Wednesday, May 4, 2011

Book review: "The Son of Laughter"

Buechner, Frederick. The Son of Laughter. [San Francisco]: HarperSanFrancisco, 1993. 

Buechner’s beautiful novel retells in raw detail the story of Jacob – a life filled with trickery, pain and sorrow, yet illuminated by a vision of stars. The novel takes Jacob from childhood through the deceptions he and his mother perpetrate on damaged, blind father Isaac and brother Esau, as well as the tricks Jacob’s father-in-law perpetuate on him, and finally back to the desert where Jacob’s sons play the ultimate trick on their father.
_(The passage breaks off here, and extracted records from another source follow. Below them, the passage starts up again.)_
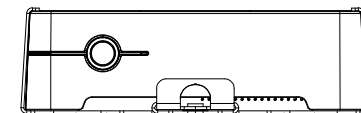

27mm [1.05"]
 57mm [2.23"]

AXIS W800 System Controller

Revision	v.01	Revision date	2019-05-10
Paper size	A4	Release date	2019-05-10
Created by	JSK	Scale	1:5
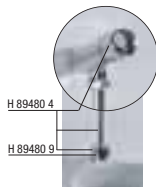

inlet fitting with with pressure valve

Optional:	
H 89480 4	set (cap, tube) with timer
H 89200 3	plastic siphon (horizontal/vertical outlet)*
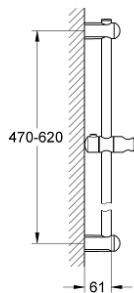

27 499 000 **EUPHORIA SHOWER RAIL, 600 MM**

PRODUCT DESCRIPTION

- Colour: Chrome
- with wall holders, glide element and swivel holder
- GROHE FastFixation (upper bracket adjustable to adapt to existing holes)
- GROHE Long-Life finish

27 499 000 **EUPHORIA SHOWER RAIL, 600 MM**

SPARE PARTS, March 2010 – now

1: Outlet shower holder (Spare part-nr. 48098000)

2: Sliding piece (Spare part-nr. 48099000)

3: Outlet shower holder (Spare part-nr. 48100000)
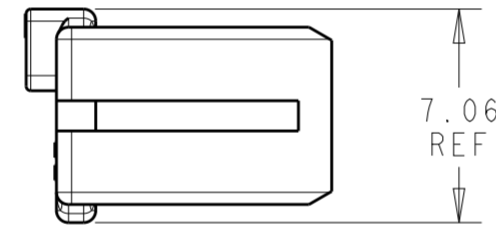

1 * 1 POSITION

- 1. MATERIAL: PBT, GLASS FILLED
COLOR - RED
- 2. FLAMMABILITY: UL94 V-0
- 3. MATING CONNECTOR P/N'S:
CAP HSG - *-2325350-*/*-2325043-*/*-2345729-1
PLUG HSG - *-2332040-*/*-2345728-1
CONTACTS - 2329907-*/2329908-*/2329914-*/2329916-
SEALS - 2325349-*/2329020-*
- 4. PART CAN BE ASSEMBLED 180° (INVERTED)

1 * 2 POSITION

1 * 4 POSITION

1 * 3 POSITION

1 * 4	2334614-4
1 * 3	2334614-3
1 * 2	2334614-2
1 * 1	2334614-1
POSITIONS	PART NUMBER

THIS DRAWING IS A CONTROLLED DOCUMENT.		DWN B. WEAVER 18JUN2018	STE TE Connectivity	
		CHK S. FERNANDES 18JUN2018		
		APVD C. YI 18JUN2018	NAME COVER, POWER VERSA-LOCK	
DIMENSIONS: mm		PRODUCT SPEC 108-143081	SIZE CAGE CODE DRAWING NO RESTRICTED TO	
TOLERANCES UNLESS OTHERWISE SPECIFIED:		APPLICATION SPEC 114-143082	A2 0079 C-2334614	
0 PLC ±		WEIGHT -	SCALE 4:1 SHEET 1 OF 1 REV A1	
1 PLC ±		CUSTOMER DRAWING		
2 PLC ±				
3 PLC ±				
4 PLC ±				
ANGLES ±				
FINISH -				
MATERIAL 1				
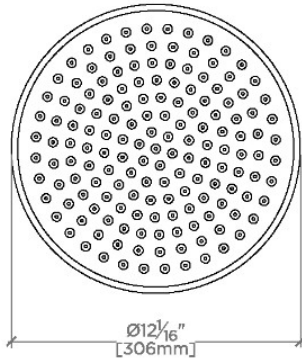

WATERWORKS

OPUS

OPS121

Opus 12" Rain Showerhead with 12" Ceiling Mounted Shower Arm

CEILING VIEW

SCALE: 1/2"=1'-0"

STYLE NO.	DIM "A"	DIM "B"
EAS120	11¹/₁₆"	6⁹/₁₆"
OPS120	[297mm]	[166mm]
EAS121	17³/₄"	12⁹/₁₆"
OPS121	[450mm]	[319mm]
EAS122	23³/₄"	18⁹/₁₆"
OPS122	[603mm]	[472mm]
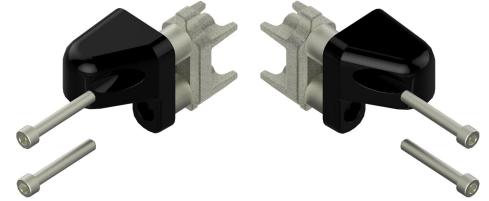

Possible applications include :

Swinging gate accessories

Features

- Aluminum ear Aluminum spacers and raw aluminum insert
- Composite anti-friction ring Ø12"

Tip

- The screw-on ears with their fixing inserts are specific to certain integrated frame profiles on the market (please contact us). For a good hold of this joint on the leaf, it is imperative to install these ears with an insert in the integrated frame.

| Référence | Ear | Finish | GENCOD 3661598 | Condit. par | Délai j |
|-----------|-------|-------------|-------------------|----------------|---------|
| NE690203 | LEFT | 9010-30% | 01955 2 | 1 | 14 |
| NE6XX203 | LEFT | | 01977 4 | 1 | 21 |
| NE690103 | RIGHT | 9010-30% | 01953 8 | 1 | 14 |
| NE693103 | RIGHT | azure white | 01965 1 | 1 | 14 |
| NE6XX103 | RIGHT | | 01973 6 | 1 | 21 |
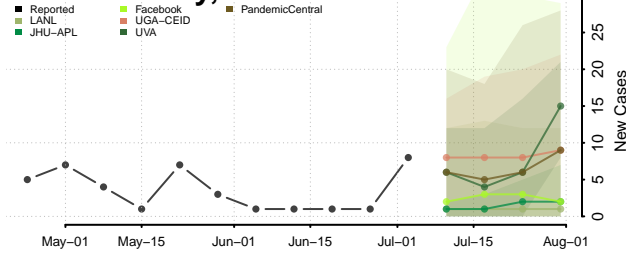

Rains County, Texas
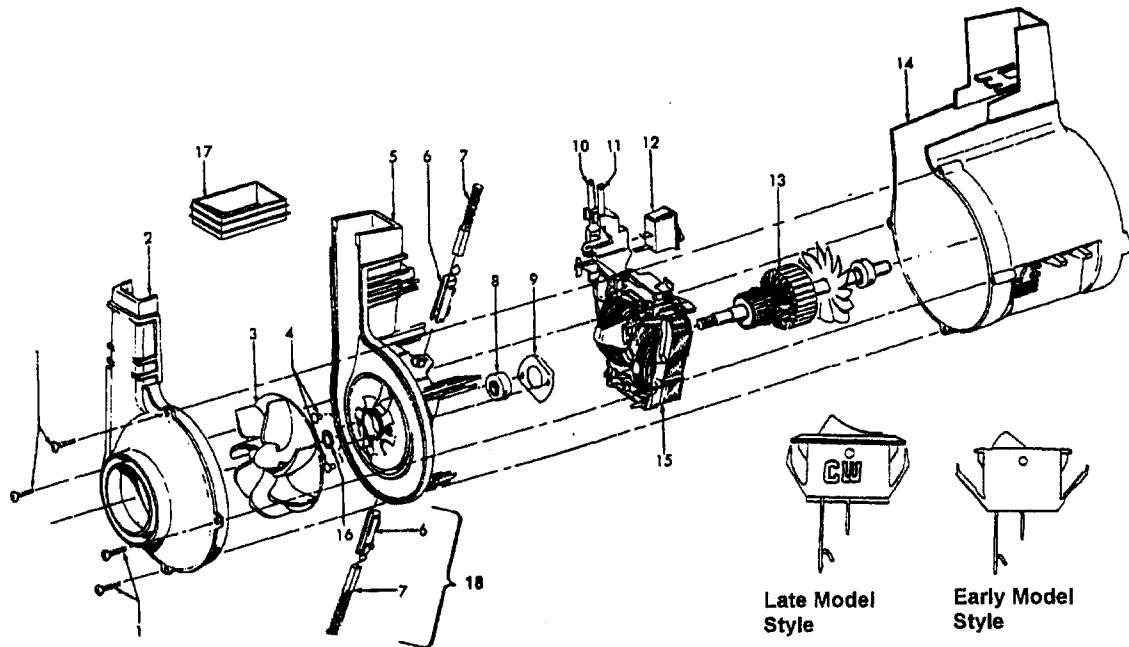

For illustration see Cleaning Tools - Friction Fit - (P - 205)

**Model U4467-980 is packed with a Model S1071-810
Help-Mate Cleaner. (Ref. pages 42/43)**

Ref. No.	Part No.	Description
	48414079	Agitator Assem. Comp. - AG
1	36423016	Thread Guard - RH
2	43267002	Agitator Bearing Assem. (2)
3	21347003	Conical Washer (2)
4	36422022	Agitator End (2)
5	N/A	Agitator Body
6	32724013	+ Agitator Shaft
7	36423017	Thread Guard - LH - AG

All these characters, whom Buechner vividly depicts, wrestle constantly with the Fear, a god they cannot see – in opposition to the idols they still worship, whose faces are cast in stone. Jacob’s life is filled with loss and pain – his struggles with his brother and his father-in-law; the loss of Rachel, first through trickery and then through death; the brutality of his sons; and the loss of Joseph, his beloved’s son. Yet Jacob holds to the promise of the Fear, whose visions sustain him. The Fear is a god of the living, in contrast to the Black Land (Egyptian) gods who govern death. Buechner intends for us to look back to this time to draw lessons for our own relationship with God, and he foreshadows the kinds of questions Jesus answered for Christians about sin, death and life with the Father. Jacob, the central character, may at times appear a cipher, but Buechner invests the breath of life into all the other characters surrounding him, particularly flawed Isaac, connman Laman and Potipher’s lustful life.